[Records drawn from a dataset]
#####
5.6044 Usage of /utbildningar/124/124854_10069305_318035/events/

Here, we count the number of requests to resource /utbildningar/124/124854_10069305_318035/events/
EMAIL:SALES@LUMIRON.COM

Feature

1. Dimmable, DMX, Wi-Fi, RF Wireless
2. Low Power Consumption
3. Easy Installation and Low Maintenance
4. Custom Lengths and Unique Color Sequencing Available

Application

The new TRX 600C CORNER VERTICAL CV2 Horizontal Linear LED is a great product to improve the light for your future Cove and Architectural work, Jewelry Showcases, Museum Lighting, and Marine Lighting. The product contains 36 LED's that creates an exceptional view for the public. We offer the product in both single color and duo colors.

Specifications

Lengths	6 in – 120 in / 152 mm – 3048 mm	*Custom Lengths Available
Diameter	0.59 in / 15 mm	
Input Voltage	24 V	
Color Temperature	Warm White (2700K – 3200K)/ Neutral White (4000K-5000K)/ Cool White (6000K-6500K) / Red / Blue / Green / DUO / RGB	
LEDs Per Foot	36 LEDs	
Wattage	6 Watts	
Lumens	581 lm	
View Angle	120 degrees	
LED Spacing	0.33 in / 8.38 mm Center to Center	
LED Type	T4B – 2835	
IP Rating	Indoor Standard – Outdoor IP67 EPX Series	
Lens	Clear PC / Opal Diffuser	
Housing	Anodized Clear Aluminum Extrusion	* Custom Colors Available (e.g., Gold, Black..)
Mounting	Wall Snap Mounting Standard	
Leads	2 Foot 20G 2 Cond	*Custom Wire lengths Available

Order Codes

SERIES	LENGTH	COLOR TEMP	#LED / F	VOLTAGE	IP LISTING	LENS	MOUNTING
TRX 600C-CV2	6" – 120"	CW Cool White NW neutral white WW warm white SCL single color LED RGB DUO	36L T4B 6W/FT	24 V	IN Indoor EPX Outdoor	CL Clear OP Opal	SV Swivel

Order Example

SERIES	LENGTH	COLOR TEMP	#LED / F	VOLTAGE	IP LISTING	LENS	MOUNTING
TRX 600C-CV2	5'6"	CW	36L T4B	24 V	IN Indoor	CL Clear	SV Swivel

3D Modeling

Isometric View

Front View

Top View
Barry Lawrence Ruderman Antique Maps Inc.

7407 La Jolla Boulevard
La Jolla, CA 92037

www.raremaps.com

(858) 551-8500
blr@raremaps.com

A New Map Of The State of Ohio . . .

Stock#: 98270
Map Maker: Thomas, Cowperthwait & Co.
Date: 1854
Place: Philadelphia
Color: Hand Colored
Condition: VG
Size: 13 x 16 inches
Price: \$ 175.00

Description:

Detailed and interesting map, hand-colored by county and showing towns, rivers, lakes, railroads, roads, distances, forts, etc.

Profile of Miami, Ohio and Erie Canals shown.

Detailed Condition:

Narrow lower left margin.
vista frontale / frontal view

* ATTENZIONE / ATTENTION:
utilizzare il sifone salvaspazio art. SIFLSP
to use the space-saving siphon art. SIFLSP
#####
If the string "Standard" appears in a line of the entries, report the line.

IP Rating	Indoor Standard – Outdoor IP67 EPX Series	
Mounting	Wall Snap Mounting Standard	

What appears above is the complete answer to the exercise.